И, действительно, другие молодые женщины, чувствовавшие себя в Германии иностранками, краснели, как если бы у них не оставалось иного средства скрыть улыбку, которую вызывала у них эта светская эклога[566], «героизму» немецкой жизни и блеску этой горделивой плоти, этих элегантных туалетов. Или как если бы они в глубине своего сознания чувствовали себя подобными остальным и виновными, как они.
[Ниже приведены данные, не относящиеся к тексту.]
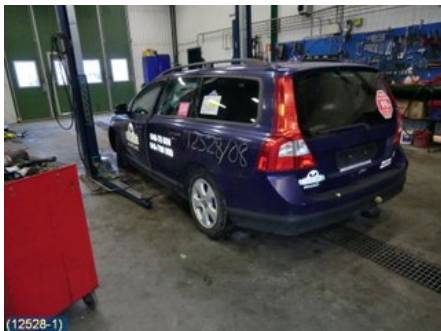

Stock no.:

W128881

400 SEK

Shipping price / Shipping time:

- / 1-3 days

Svensk Bilåtervinning AB

Industrivägen 8

71531 Odensbacken

Tel.: 019-450690

Fax: 019-450692

www.svenskbilatervinning.se

(128881(1))

Part - 4D Lift pane

Stock no.:	Position:	Quality:	Fits fr./to m.y
W128881	Left rear	A*	-
		-	
New code:	Manufacturer:	Manufacturer no.:	Original no.:
	-	GRÖNTONAD	-
Description:			
-			

Vehicle - Volvo V70

Chassi no.:	Model year:	Milage:	Fuel:
YV1BW694081022284	2008	24.531	Diesel
Colour:	Colour code:	Interior:	Interior code:
L-GRÅ	426	M-GRÅ	M-GRÅ
Gearbox:	Gearbox no.:	Gearbox ratio:	Group code:
AUT	AUT	-	-
Engine:	Engine code:	Manufacturing date:	Registration date:
2,4D (120KW)	D5244T5	200711	20080107

Description:
5DCBI 2,4D AUT ABS TRACSFÄRDDAT,FARTHÅLL,DRAGKROK

(12528-1)

(12528-2)

(12528-3)

Direct link: <http://www.bildelsbasen.se/170-W128881.html>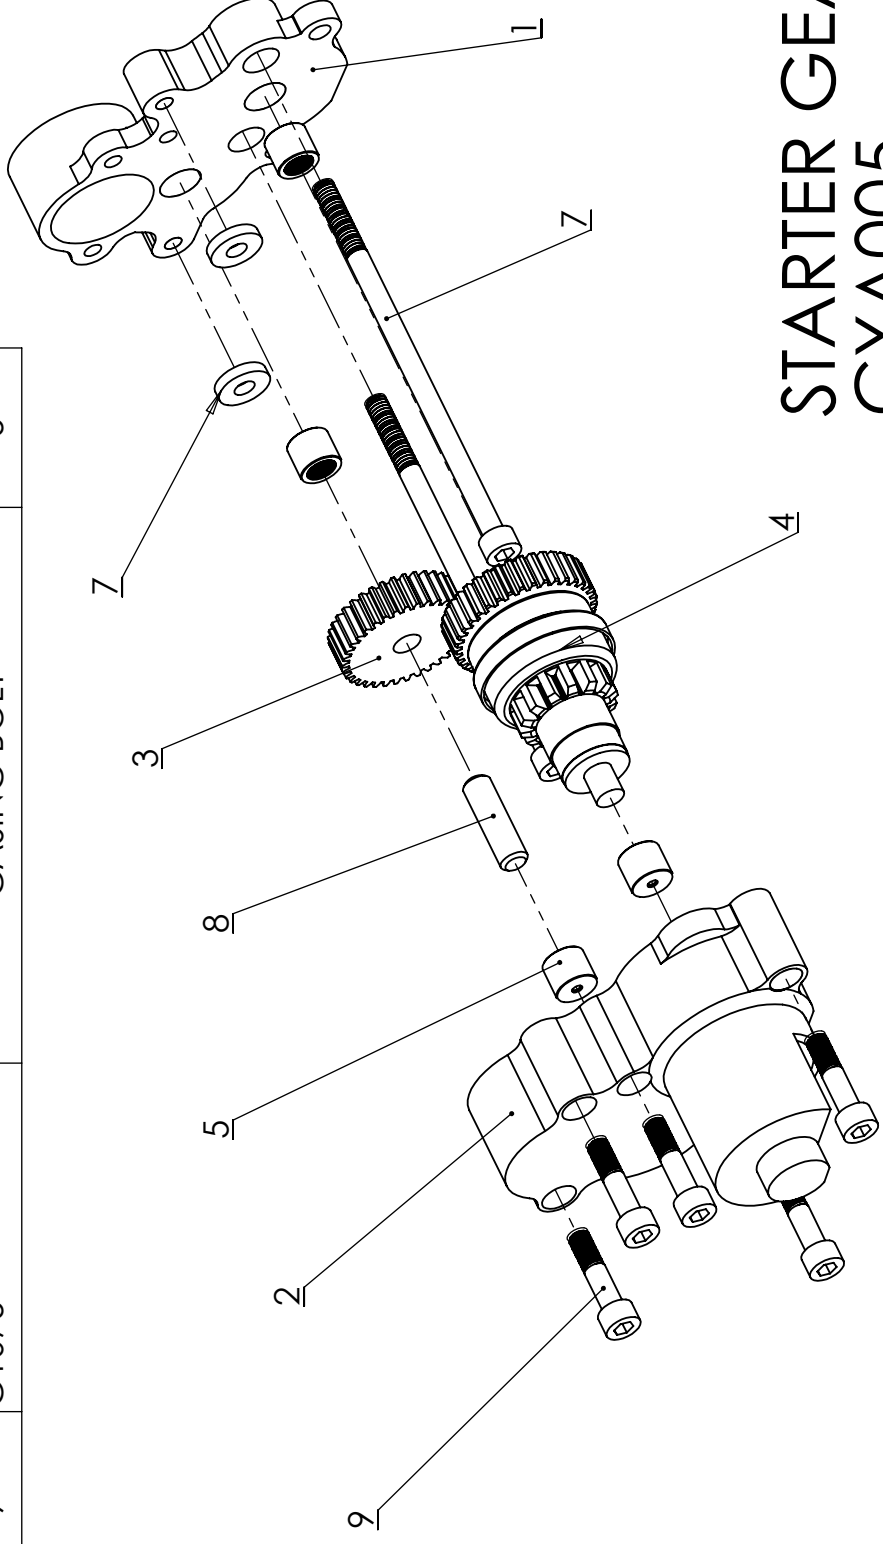

ITEM NO.	PART NUMBER	DESCRIPTION	QTY.
1	CY019	DOWN PIPE	1
2	CY020	SILENCER	1
3	CY078	EXHAUST SPRINGS	2
4	CY080	EXHAUST NUT	3

294 EXHAUST SYSTEM

CYA003

ITEM NO.	PART NUMBER	DESCRIPTION	QTY.
1	CY004	GEAR HOUSING ENGINE SIDE	1
2	CY005	GEAR HOUSING BENBIX SIDE	1
3	CY067	INTER GEAR	1
4	CY070	BENDIX GEAR	1
5	CY071	8MM ID CUP BEARING	4
6	CY072	ENGINE BOLT	2
7	CY073	GEARBOX BACKPLATE SPACER	2
8	CY074	INTER GEAR SHAFT	1
9	CY075	CASING BOLT	5

CYA006 294 DRIVEN PULLEY

ITEM NO.	PART NUMBER	DESCRIPTION	QTY.
1	CY014	WATER PUMP BODY	1
2	CY81	PULLEY	1
3	CY082	PLUG	1
4	CY083	IMPELLER	1
5	CY084	SHAFT	1
6	CY085	LIP SEAL	1
7	CY086	BEARING	2
8	CY087	CIRCLIP	1
9	CY088	INLET WASHER	1
10	CY089	WASHER	1
11	CY090	NUT	1
12	CY091	O RING	1

Я видел сидящую напротив меня, между графом Дорнбергом и бароном Эдельштамом, женщину, уже не находившуюся в цвете лет и улыбавшуюся усталой улыбкой легкомысленным и злым словам Вероники и остальных дам из ее компании. Я ничего не знал о ней, кроме того, что она была итальянкой и что ее девичья фамилия была Антинори, и что она вышла замуж за крупного чиновника Министерства иностранных дел Райха, имя которого часто встречалось в немецкой политической хронике: барона Брауна фон Штума, имевшего титул посла. Я со страдальческой симпатией смотрел на ее усталое лицо, осунувшееся, но минутами все еще молодое, ее светлые глаза, затуманенные и мягкие, будто стыдящиеся втайне, и тонкие морщинки, окружавшие ее виски и рот, печальный и горький. Итальянское изящество ее лица еще не совсем угасло, так же, как и нежная мечтательность, которая присутствует во взоре итальянских женщин и которая иногда кажется взглядом любви, позабытым между полусомкнутых ресниц. Время от времени она смотрела на меня, и я чувствовал, что ее взгляд останавливается на мне как признание ее заброшенности, которое выдавало мне тайну ее смятения. Я стал замечать, что она была предметом недоброжелательного внимания Вероники и ее приятельниц. Они с чисто женской иронией наблюдали ее простое платье, ногти без лака, брови не выщипанные и не удлиненные, губы не напомаженные, как будто им доставляло лукавое удовольствие обнаруживать на лице и во всей фигуре Джозефины фон Штум тревогу и страх, немного отличавшиеся от их тревоги, их страха, печаль не немецкую, отсутствие этой гордости нищетой других, в которую они так подчеркнуто облачались. Но мало-помалу я стал улавливать тайный смысл этого взгляда, в котором мне удалось заметить немую мольбу, как будто она просила меня о помощи и дружбе.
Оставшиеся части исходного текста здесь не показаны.